Словно межа легла между всеми колхозниками и теми, чья халатность стала косвенной причиной Алешиной смерти. Страшно было Степаниде, Полгохе и Маланье, затеявшим злополучный поход за черной смородиной, то гневное осуждение, с которым говорили о них колхозники на собрании, ко еще страшнее было то, что Василий при всеобщем молчаливом одобрении прогнал их с похорон и запретил им итти за Алешиным гробом.
Особенно глубоко пережил смерть Алеши Петр. Алеша был его совестью, его другом, его советчиком. Уезжая в больницу, Алеша поручил ему временное руководство бригадой.
На другой день после похорон на правлении обсуждали вопрос о новом бригадире.
— Попробуем оставить Петра, — предложил Василий. — Он хорошо верховодит.
— Гулявый парень!.. — возразил Яснев.
— Он давно не пьет…
— Вызовем его и спросим, — предложил Василий. — Я Петра знаю. Если неволить, толку с него не будет, а если своей охотой возьмется, — не подведет.
Петра вызвали. Он вошел в комнату, в которой вчера еще стоял гроб Алеши. Еще сохранились на красной скатерти следы от ножек гроба, еще висел на стене портрет Алеши в траурной рамке и горько пахли подсыхающей хвоей перевитые черными лентами еловые гирлянды.
— Ну, Петр, — сказал Василий, — мы тебя просить не будем и неволить не станем. Скажи сам: примешь ли на себя Алешину честь и его ношу?

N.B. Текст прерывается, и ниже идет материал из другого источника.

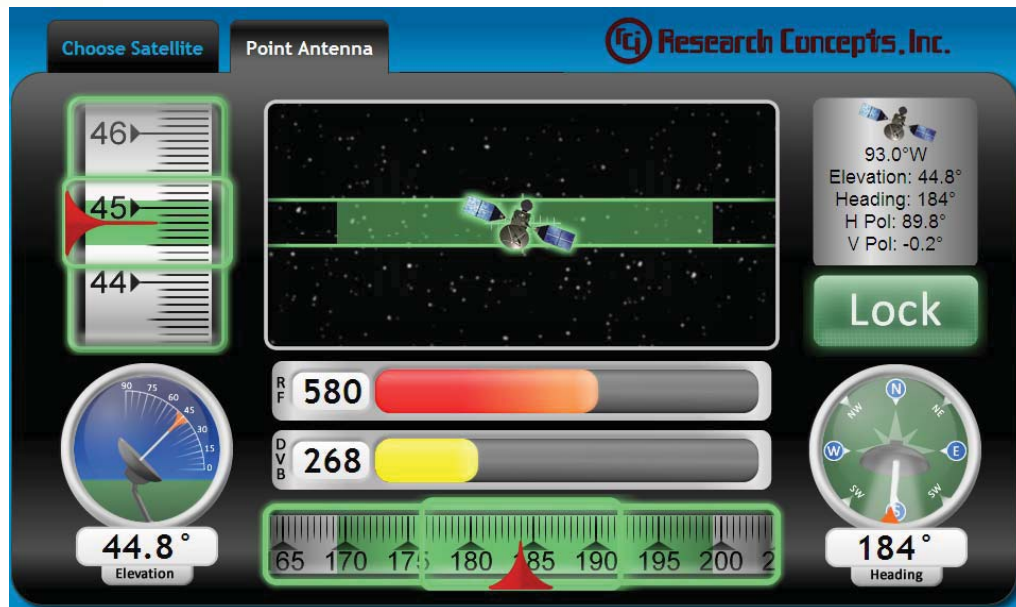

RC300

The Flyaway Companion
Satellite Acquisition Tool for non-motorized Antennas

The days of endlessly searching the sky with your flyaway antenna are over. The RC300 Flyaway Companion from Research Concepts, Inc. brings all the power of RCI Auto Acquisition solutions to the non-motorized antenna.

FEATURES

- Calculates Satellite pointing angle from anywhere
- Positively Identify Satellites from the DVB Satellite Signature
- Measures both Broadband RF Power and DVB Carrier level
- Realtime Antenna Heading and Elevation Angles with active indicators to target
- Intuitive Graphical User Interface, no training Required
- Convenient Display, any Web Browser
- Updatable Satellite database
- Connects inline with iDirect modems (optional)
- Optionally powers the LNB, no other equipment required to position the antenna on the satellite
- Optional SatScan Feature creates its own Satellite Signatures
- Operating Status information displayed through simple front panel LEDs
- Easily moveable from Antenna to Antenna to service a fleet of portable terminals.
- Size: 10 x 7 x 3 1/2 inches 2 lbs
- Power: 90 – 264VAC 50-60 Hz; 1 Amp, also operable from 24VDC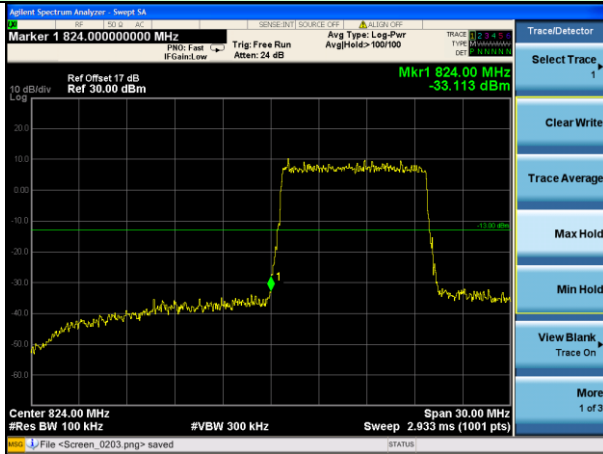

Lowest channel

Highest channel

Test Mode: LTE Band 5 / 3MHz / 15RB / 16-QAM

Lowest channel

Highest channel

Test Mode: LTE Band 5 / 5MHz / 1RB / 16-QAM

Lowest channel

Highest channel

Test Mode: LTE Band 5 / 5MHz / 25RB / 16-QAM

Lowest channel

Highest channel

Test Mode: LTE Band 5 / 10MHz / 1RB / 16-QAM

Lowest channel

Highest channel

Test Mode: LTE Band 5 / 10MHz / 50RB / 16-QAM

Lowest channel

Highest channel

Test Mode: LTE Band 7 / 5MHz / 1RB / QPSK

Lowest channel

Highest channel

Test Mode: LTE Band 7 / 5MHz / 25RB / QPSK

Lowest channel

Highest channel

Test Mode: LTE Band 7 / 10MHz / 1RB / QPSK

Lowest channel

Highest channel

Test Mode: LTE Band 7 / 10MHz / 50RB / QPSK

Lowest channel

Highest channel

Test Mode: LTE Band 7 / 15MHz / 1RB / QPSK

Lowest channel

Highest channel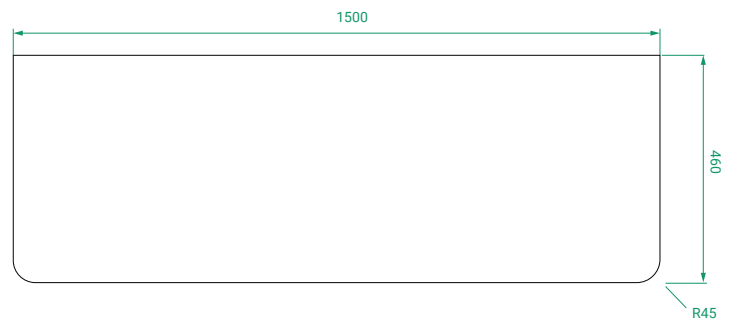

DESCRIPTION

Ovo 1500, 2 Drawers (Side By Side), Kordura Top & Single Offset or Double Basin

PRODUCT CODE

OVO1502DWHDBSS / OVO1502DWHDBSSCC

Dimensions	W 1500 x H 470 x D 460 (mm)
Finishes	Matte White, Matte Custom Paint or Timber Veneer
Kordura	White or Colour* Kordura Top (H 25)
Basin	See website for compatible basin options.
Handle	Handleless 45° design.
Origin	New Zealand made cabinetry.
Features	<ul style="list-style-type: none"> • Soft rounded corners. • 2 Drawers with soft-close and handleless design. • White or Colour* Kordura top with basin. • Timber Veneer finishes are 100% natural, with variations in grain and colour. All come stained and sealed with a protective UV finish.

TECHNICAL DRAWINGS

Front

Side

Top Down

Kordura Top

NOTES

*Additional Cost. Kordura top (H 25mm). Accessories not included. Drawing indicates the technical measurement only and is not a reflection of how the product will look. Sizes are nominal only. All drawings in millimeters. Drawings not to scale. April 2024.

— Приму… — глухо и односложно ответил Петр, обдумавший все заранее.
Став бригадиром, Петр свято соблюдал Алешины порядки, — словно настоящим бригадиром так и остался Алеша, а Петр был только его заместителем. Алешин обычай каждый вечер подводить итоги дня и проверять исправность инвентаря у Петра превратился в своеобразный, ритуал.
— Не спешите, ребята. Так рассказывайте, как раньше рассказывали… — строго говорил он, и, сам не замечая того, подражал Алеше во всем: умерял силу голоса, сдерживал жесты, старался спокойнее и ровнее держаться с людьми.
Работа в бригаде шла бесперебойно, и даже Яснев, возражавший против кандидатуры Петра, не раз признавался Василию:
— А ведь ты прав был, Василий Кузьмич. Петрунька идет по Алешиной линии!
А Петр переживал особые дни.
Раньше его веселила слава первого озорника и дебошира, а теперь он нашел вкус в том, чтоб казаться выдержанней и справедливей других. Ему нравилось молча притти в скандальное Фросино звено, сохранить полную невозмутимость среди девичьих криков и нападок, двумя словами неопровержимо доказать свою правоту и настоять на своем.